The peace did not last and the fighting between government forces and those of the RSF that has been around since 1988, when they appeared as the Janjaweed Arab Sudanese militia in the west Sudan region of Darfur. Before 1988 the Janjaweed were involved with violence going on in neighboring Chad and Libya but after 1988 the Janjaweed concentrated its activities in Darfur. In 2013 the Janjaweed rebranded themselves as the RSF and evolved into paid Sudanese government enforcers in Darfur.
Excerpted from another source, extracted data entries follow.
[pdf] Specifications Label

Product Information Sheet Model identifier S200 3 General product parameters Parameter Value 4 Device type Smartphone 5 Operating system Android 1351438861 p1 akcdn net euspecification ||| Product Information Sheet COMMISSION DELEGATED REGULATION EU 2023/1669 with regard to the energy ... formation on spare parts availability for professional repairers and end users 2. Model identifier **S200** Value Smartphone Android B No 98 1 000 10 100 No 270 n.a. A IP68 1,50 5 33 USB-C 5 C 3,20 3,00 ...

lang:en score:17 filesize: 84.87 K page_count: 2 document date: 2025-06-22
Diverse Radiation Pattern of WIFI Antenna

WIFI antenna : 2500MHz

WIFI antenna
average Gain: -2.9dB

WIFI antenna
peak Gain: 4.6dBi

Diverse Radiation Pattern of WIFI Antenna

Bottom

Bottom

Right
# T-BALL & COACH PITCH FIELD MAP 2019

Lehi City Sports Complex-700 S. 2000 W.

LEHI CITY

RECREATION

In 2023 the Sudan government suggested that the RSF become part of the Sudanese Army. RSF refused and in April 2023 the fighting between government forces and the RSF began. At this point the RSF was powerful enough to take on the army. Currently that struggle continues. Between then and now there were some other interesting developments. For example the slavery problem continues in Sudan and sometimes gets into the news. This happened a lot in Sudan since the 1990s as the government encouraged Arabized tribes to raid non-Moslem black African tribes and take slaves. In northern Mali retreating al Qaeda men sometimes took newly enslaved blacks with them. This tolerance of slaving is one of the many reasons Sudan is one of the five most corrupt nations in the world. These five outlaw states are, according to the annual Transparency International Corruption Perception Index, North Korea, Yemen, Syria, South Sudan and Somalia. Sudan is considered a bit less corrupt than South Sudan.
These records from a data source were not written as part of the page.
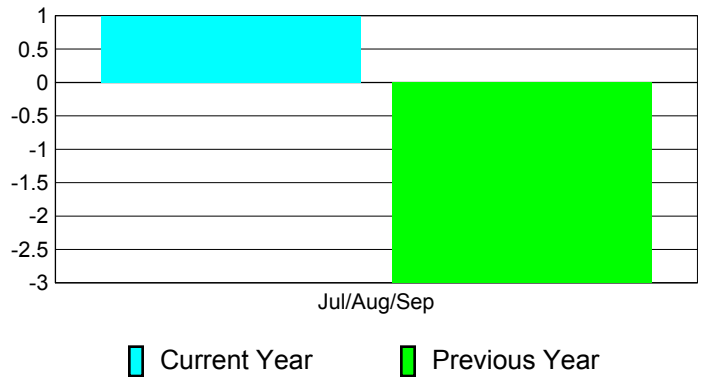

Gender Comparison 2011-2012
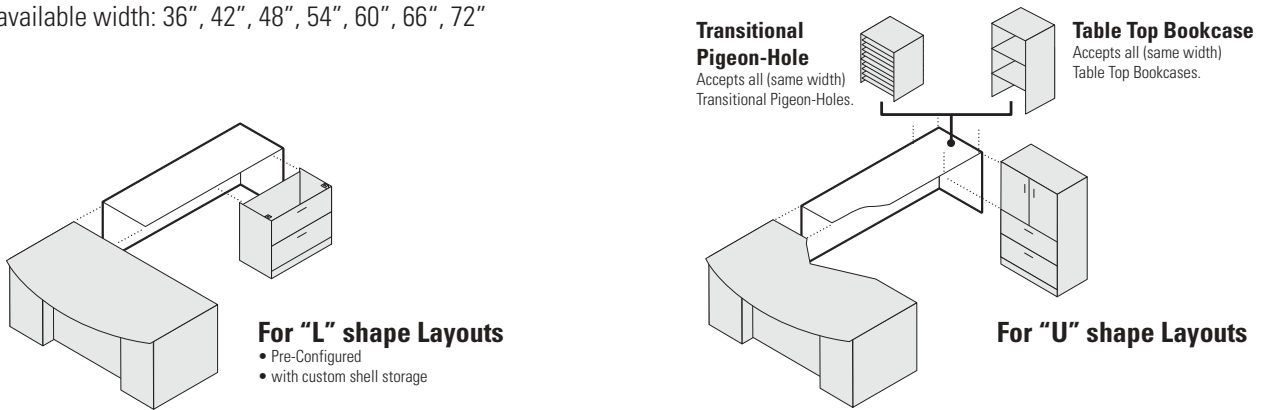

Overhang Dimensions

WORKSURFACES

Extended Corners - available widths: 60", 66", 72", 84"

Modesty Treatments

Returns - available width: 36", 42", 48", 54", 60", 66", 72"

Bridges - available width: 42", 48"

Shells - available width: 12", 15", 16", 18", 21", 30", 36"

For Extended Corners, Space Saver Returns and Connectables

Space Available can be calculated with the following formulas:

Space Saver Returns

Space Saver Connectables

Extended Corners

WORKSURFACES

Grommets

Desks
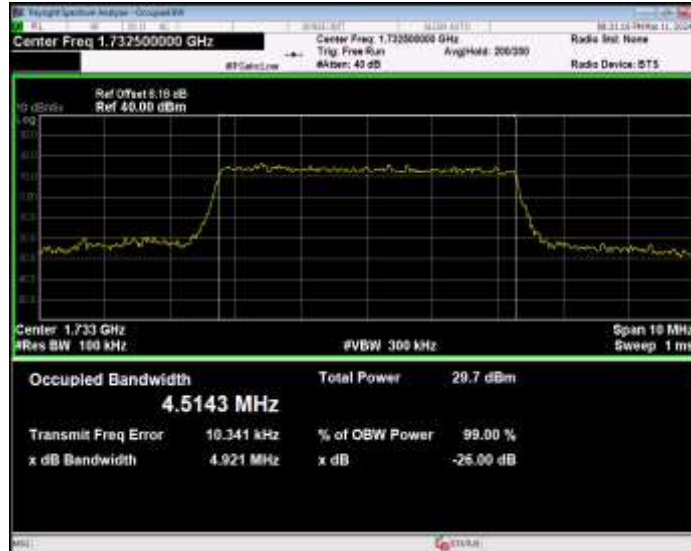

Band4 16QAM BW=5MHz Channel=20375 RB Size=25 Position=#0

Band4 16QAM BW=5MHz Channel=20175 RB Size=25 Position=#0
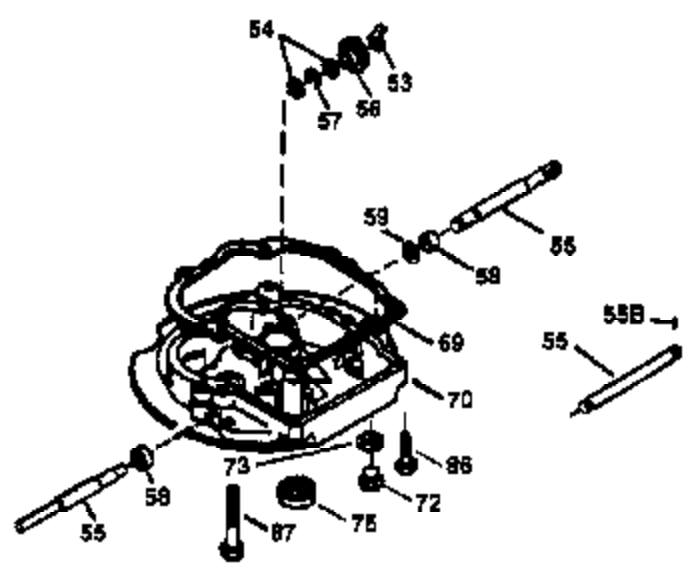

ILLUSTRATION SHOWS TYPICAL PARTS ONLY. ORDER BY PART NUMBER. PARTS NOT LISTED ARE SUPPLIED BY OEM.

VIEW 2 OF 3

Ref #	Part Number	Qty	Description
19	31361	1	Extension Spring
69	35261	1	* Mounting Flange Gasket
70	34311D	1	Mounting Flange (Incl. 72, 75 & 80)
72	36083	1	Oil Drain Plug
75	27897	1	Oil Seal
86	650488	6	Screw, 1/4-20 x 1-1/4"
182	6201	2	Screw, 1/4-28 x 7/8"
185	31384A	1	Intake Pipe (Incl. 224)
186	34337	1	Governor Link
223	650451	2	Screw, 1/4-20 x 1"
238	650806	2	Screw, 10-32 x 5/8"
239	34338	1	* Air Cleaner Gasket
245	34340	1	Air Cleaner Filter
250	36213	1	Air Cleaner Cover
263	36214	1	Trim Ring
287	650884	2	Screw, 8-32 x 1/2"
300	35586	1	Fuel Tank (Incl. 292 & 301)
301	35355	1	Fuel Cap
390	590686	1	Rewind Starter
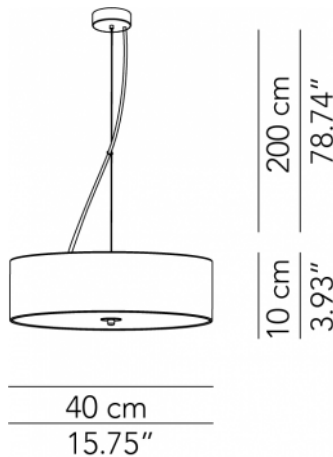

Last updated: 02/11/25

DISCOVOLANTE™

SUSPENSION

TYPE:

PROJECT NAME:

| | | | |
|----------------------------|----------------------|---|-----------------|
| Small pendant lamp - ø 40 | ø 40 x 10 cm 2 Kg | lamp type 2xE26 LED 42W | L82DISESP040C02 |
| Small pendant lamp - ø 40 | ø 40 x 10 cm 2 Kg | lamp type 1 led module 18.7W luminous efficacy 3000 Lm light colour 2700 K cri >80 | L82DISESP040C06 |
| Medium pendant lamp - ø 60 | ø 60 x 12 cm 4 Kg | lamp type 3xE26 LED 42W | L82DISESP060C02 |
| Medium pendant lamp - ø 60 | ø 60 x 12 cm 4 Kg | lamp type 1 led module 23W luminous efficacy 3628 Lm light colour 2700 K cri >80 | L82DISESP060C06 |
| Medium pendant lamp - ø 60 | ø 60 x 12 cm 4 Kg | lamp type 1 led module 57W luminous efficacy 8750 Lm light colour 2700 K cri >80 | L82DISESP060C11 |

Fixture comes with a 4" backplate that mounts to a standard junction box.

Please note: 277V is only compatible with 0-10V dimming. Screw-in bulbs are only compatible with 120V with LTE dimming.

DISCOVOLANTE 40

DISCOVOLANTE 60

SPECIFICATION SHEET

DISCOVOLANTE™

SUSPENSION

TYPE:

PROJECT NAME:

| | | | |
|---------------------------|------------------------|--|-----------------|
| Large pendant lamp - ø 80 | ø 80 x 12 cm 4,5 Kg | lamp type 4xE26 LED 42W | L82DISESP080C02 |
| Large pendant lamp - ø 80 | ø 80 x 12 cm 4,5 Kg | lamp type 1 led module 57W luminous efficacy 8750 Lm light colour 2700 K cri >80 | L82DISESP080C16 |
| Large pendant lamp - ø 80 | ø 80 x 12 cm 4,5 Kg | lamp type 1 led module 88.2W luminous efficacy 12380 Lm light colour 2700 K cri >80 | L82DISESP080C13 |

Sudan has been behaving in other ways and in October 2020 was removed from the U.S.’s State Sponsor of Terrorism/SST list. Sudan agreed to pay compensation to American victims of terror attacks, with the attack on the 2000 destroyer Cole in Yemen and the 1998 attacks on U.S. embassies in Kenya and Tanzania the most important. Sudan was on the SST list for 27 years. Sudan’s 2020 transitional government agreed to peaceful relations with Israel. That eventually happened and since late 2020, Israeli governments and security forces have cooperated with their Sudanese equivalents. Recognizing Israel was a divisive issue in Sudan. Even some pro-democracy groups opposed it. As for the SST, escaping the list means Sudan now had better access to international financial and investment organizations. It will also make it much easier and legal for Sudanese to import western technology like computers, smart phones and software. Sudan now had easier access to foreign aid of all types, including life-saving medical assistance. This aid was
a major consideration, for Sudan’s governments were always facing an extended economic crisis and shortages of food and medical supplies.